At that time, I was still getting to know my new post-menopausal body, which seemed to present a different challenge every day. In addition to the extra pounds I started to pack on -- all of which eventually came off -- my eyes, hair, and skin were feeling drier than usual.

While I was happy to share notes with my friends on the best eye drops and hair conditioners to address the dryness, the new fitness program I was on, or how to stay cool during hot flashes, even in this 'safe place' among close friends I was loath to admit that sex wasn't as pleasurable as it once was and as a result wasn't as frequent . . . because of vaginal dryness.

I am not alone. Women's sense of self-esteem and power are tightly woven into our sexuality. In this youth-crazy society in which we live, admitting that our vaginas are changing -- even to our friends -- is like carrying a poster that states: "Ignore me. I'm over the hill." We rationalize that anyone can have dry eyes or hair, but only women who are getting old have dry vaginas (which isn't true). And, it's so easy to think that you're the only one who has the problem.

That couldn't be farther from the truth.

According to the North American Menopause Society (NAMS), vaginal dryness affects 75 percent of postmenopausal women. And most suffer in silence.

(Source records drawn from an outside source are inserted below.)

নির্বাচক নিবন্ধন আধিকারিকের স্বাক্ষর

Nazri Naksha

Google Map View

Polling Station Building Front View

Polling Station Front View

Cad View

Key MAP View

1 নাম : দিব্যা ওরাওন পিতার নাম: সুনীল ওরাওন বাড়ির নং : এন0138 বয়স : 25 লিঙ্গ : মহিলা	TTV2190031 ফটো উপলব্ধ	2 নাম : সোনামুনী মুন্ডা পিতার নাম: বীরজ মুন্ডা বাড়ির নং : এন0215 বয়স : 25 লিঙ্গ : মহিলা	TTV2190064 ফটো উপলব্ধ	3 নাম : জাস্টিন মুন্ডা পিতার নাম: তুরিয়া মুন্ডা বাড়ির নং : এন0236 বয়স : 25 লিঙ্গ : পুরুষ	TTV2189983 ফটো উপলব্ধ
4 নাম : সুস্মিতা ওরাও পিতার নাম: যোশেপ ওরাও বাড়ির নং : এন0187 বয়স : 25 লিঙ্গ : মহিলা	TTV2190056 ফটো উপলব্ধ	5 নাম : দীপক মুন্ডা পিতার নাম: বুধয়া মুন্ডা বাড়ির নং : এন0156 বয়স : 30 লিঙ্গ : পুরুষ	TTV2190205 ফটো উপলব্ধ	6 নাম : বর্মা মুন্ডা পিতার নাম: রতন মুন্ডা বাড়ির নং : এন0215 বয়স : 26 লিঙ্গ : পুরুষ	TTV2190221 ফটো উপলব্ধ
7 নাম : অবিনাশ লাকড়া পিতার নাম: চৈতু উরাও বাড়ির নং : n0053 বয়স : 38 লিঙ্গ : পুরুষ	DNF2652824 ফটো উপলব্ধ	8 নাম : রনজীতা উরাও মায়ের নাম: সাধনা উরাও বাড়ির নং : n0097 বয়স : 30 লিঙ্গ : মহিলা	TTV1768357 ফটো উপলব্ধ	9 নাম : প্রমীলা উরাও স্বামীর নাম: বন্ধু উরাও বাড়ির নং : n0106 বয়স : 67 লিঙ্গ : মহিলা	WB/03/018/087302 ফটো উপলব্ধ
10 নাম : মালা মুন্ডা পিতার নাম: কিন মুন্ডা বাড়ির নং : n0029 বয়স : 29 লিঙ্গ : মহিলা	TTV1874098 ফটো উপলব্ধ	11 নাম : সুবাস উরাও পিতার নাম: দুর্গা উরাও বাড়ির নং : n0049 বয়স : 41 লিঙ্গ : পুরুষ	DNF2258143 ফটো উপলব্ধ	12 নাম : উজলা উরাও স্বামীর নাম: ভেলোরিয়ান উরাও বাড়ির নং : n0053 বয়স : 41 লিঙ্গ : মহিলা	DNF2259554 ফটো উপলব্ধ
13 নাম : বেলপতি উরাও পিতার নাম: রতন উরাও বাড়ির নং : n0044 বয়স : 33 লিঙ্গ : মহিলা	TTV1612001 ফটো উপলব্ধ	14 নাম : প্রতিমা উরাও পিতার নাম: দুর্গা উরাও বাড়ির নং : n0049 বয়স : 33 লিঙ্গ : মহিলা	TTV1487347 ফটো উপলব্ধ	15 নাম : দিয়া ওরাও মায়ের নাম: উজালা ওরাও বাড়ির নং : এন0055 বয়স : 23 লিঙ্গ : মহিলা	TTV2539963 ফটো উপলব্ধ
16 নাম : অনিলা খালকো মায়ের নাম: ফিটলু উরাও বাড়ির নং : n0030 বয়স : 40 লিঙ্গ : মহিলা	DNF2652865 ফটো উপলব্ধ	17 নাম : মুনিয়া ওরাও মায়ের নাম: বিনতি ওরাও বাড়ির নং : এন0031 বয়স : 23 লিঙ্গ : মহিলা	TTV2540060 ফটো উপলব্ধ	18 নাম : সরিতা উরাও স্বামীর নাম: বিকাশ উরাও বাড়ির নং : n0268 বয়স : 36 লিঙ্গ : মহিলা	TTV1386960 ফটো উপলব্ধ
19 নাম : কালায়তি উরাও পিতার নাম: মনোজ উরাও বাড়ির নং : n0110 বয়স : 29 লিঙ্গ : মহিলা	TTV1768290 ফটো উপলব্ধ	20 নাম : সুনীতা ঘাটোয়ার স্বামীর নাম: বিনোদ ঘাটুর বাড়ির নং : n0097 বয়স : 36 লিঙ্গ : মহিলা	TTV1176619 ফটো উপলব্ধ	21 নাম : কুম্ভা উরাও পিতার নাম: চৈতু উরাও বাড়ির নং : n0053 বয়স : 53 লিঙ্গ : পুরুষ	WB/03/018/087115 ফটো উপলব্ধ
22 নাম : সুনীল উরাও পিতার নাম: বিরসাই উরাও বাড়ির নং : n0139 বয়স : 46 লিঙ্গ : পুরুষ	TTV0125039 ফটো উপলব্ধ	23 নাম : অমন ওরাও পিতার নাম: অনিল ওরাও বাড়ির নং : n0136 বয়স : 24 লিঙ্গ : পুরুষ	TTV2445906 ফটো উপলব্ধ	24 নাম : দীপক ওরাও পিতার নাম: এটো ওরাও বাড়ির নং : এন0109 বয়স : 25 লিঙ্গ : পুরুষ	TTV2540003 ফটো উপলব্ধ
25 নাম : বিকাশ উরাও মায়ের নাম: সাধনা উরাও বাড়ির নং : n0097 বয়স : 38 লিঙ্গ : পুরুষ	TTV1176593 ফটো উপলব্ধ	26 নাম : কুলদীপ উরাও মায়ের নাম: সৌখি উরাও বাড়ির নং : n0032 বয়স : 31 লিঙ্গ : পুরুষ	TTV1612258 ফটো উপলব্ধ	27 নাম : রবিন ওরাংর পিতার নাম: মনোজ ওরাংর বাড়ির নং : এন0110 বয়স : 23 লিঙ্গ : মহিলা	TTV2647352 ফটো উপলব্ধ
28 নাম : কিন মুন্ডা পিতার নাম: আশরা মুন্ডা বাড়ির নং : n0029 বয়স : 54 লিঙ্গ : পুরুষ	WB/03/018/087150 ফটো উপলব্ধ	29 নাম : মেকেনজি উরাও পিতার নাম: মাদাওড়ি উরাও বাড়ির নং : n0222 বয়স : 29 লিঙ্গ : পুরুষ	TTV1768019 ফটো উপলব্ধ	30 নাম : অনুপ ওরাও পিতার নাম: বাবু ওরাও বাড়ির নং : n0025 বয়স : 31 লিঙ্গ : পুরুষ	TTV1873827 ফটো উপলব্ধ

What's more, this common condition can have a negative impact on a woman's self-esteem and the relationship she has with her partner. A recent survey conducted by Novo Nordisk -- "Clarifying Vaginal Atrophy's Impact on Sex and Relationships" (CLOSER) -- studied the emotional and physical impact of vaginal discomfort on postmenopausal women and their male sex partners. Clearly, many women and men simply chose to stop having sex altogether, or if they did engage, it was painful. Here are a few stats from the survey:

  • 58% of the women attributed vaginal discomfort to their avoidance of intimacy with their partners
  • 64% reported experiencing a loss of libido
  • 64% reported experiencing pain associated with sex

Sadly, while research shows that many women are simply too embarrassed to talk about the issue with their health care providers, they are just as reticent to bring it up. Result? Women are left dangling in limbo: wanting to fix it, but not sure how. (For tips on how to start the conversation, visit vaginaldiscomfort.com.)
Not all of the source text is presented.